*WHAT IS REQUIRED*: Report every line of the material that contains the string "NOTE".

Segment Start: MATERIAL TO PROCESS

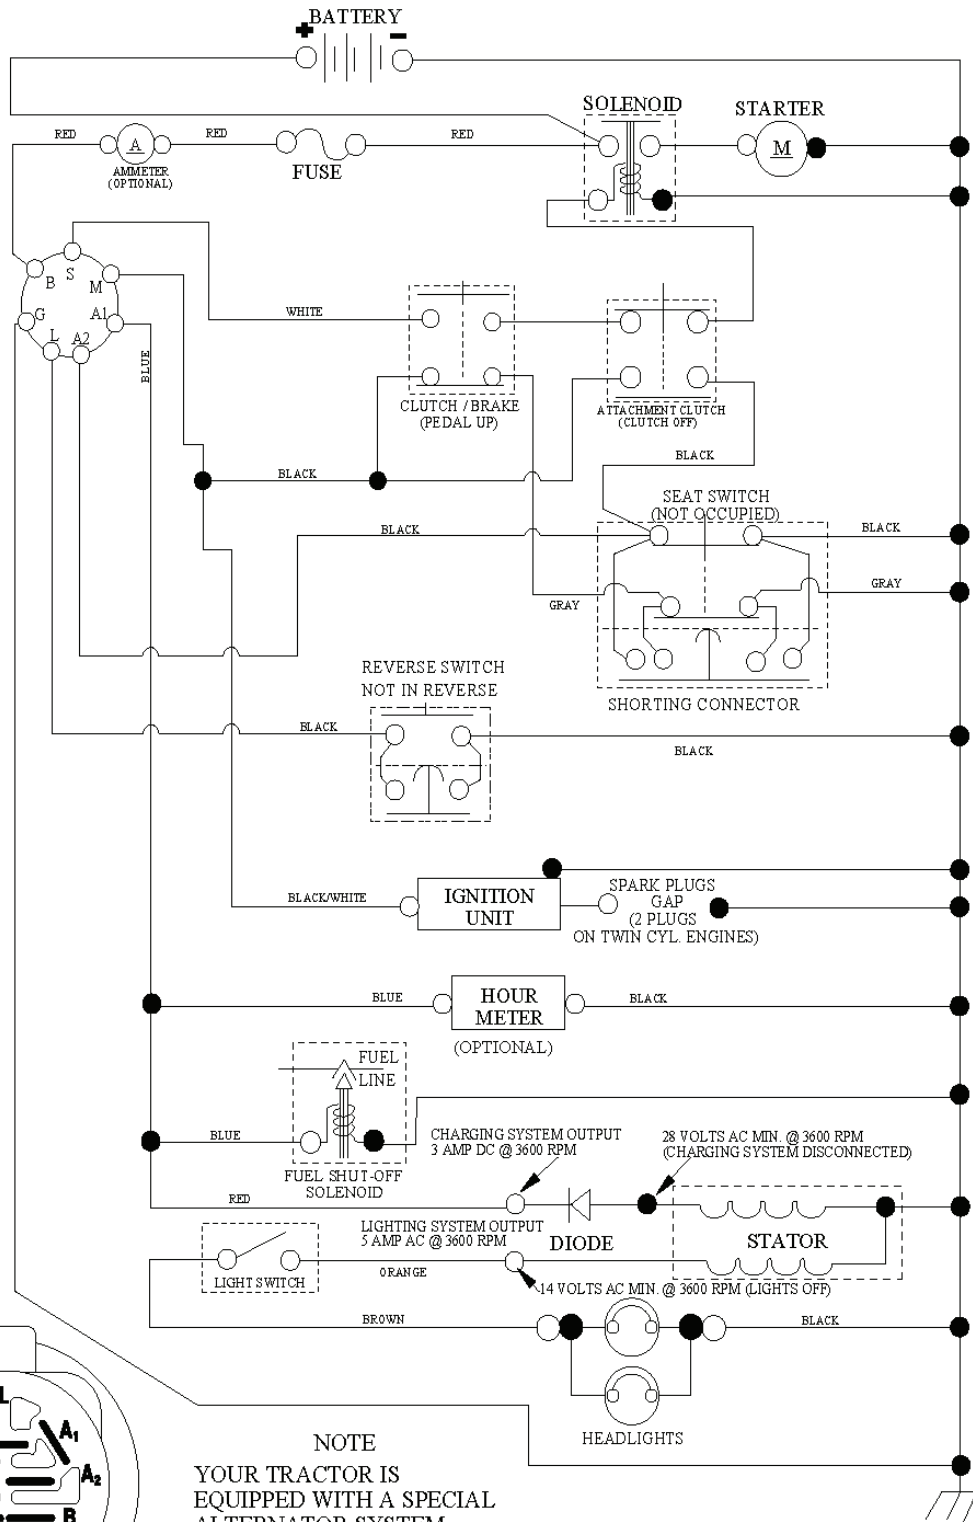

IGNITION SWITCH

POSITION	CIRCUIT	"MAKE"
OFF	M+G+A1	
RUN/OVERRIDE	B+A1	
RUN	B+A1	L+A2
START	B + S + A1	

NOTE

YOUR TRACTOR IS EQUIPPED WITH A SPECIAL ALTERNATOR SYSTEM. THE LIGHTS ARE NOT CONNECTED TO THE BATTERY, BUT HAVE THEIR OWN ELECTRICAL SOURCE. BECAUSE OF THIS, THE BRIGHTNESS OF THE LIGHTS WILL CHANGE WITH ENGINE SPEED. AT IDLE THE LIGHTS WILL DIM. AS THE ENGINE IS SPEEDED UP, THE LIGHTS WILL BECOME THEIR BRIGHTEST.

● NON-REMOVABLE CONNECTIONS

○ REMOVABLE CONNECTIONS

WIRING INSULATED CLIPS
NOTE: IF WIRING INSULATED CLIPS WERE REMOVED FOR SERVICING OF UNIT, THEY SHOULD BE RE-INSTALLED TO PROPERLY SECURE YOUR WIRING.

Segment End: MATERIAL TO PROCESS

*RESPONSE*:
NOTE
NOTE: IF WIRING INSULATED CLIPS WERE REMOVED FOR SERVICING OF UNIT, THEY SHOULD BE RE-INSTALLED TO PROPERLY SECURE YOUR WIRING.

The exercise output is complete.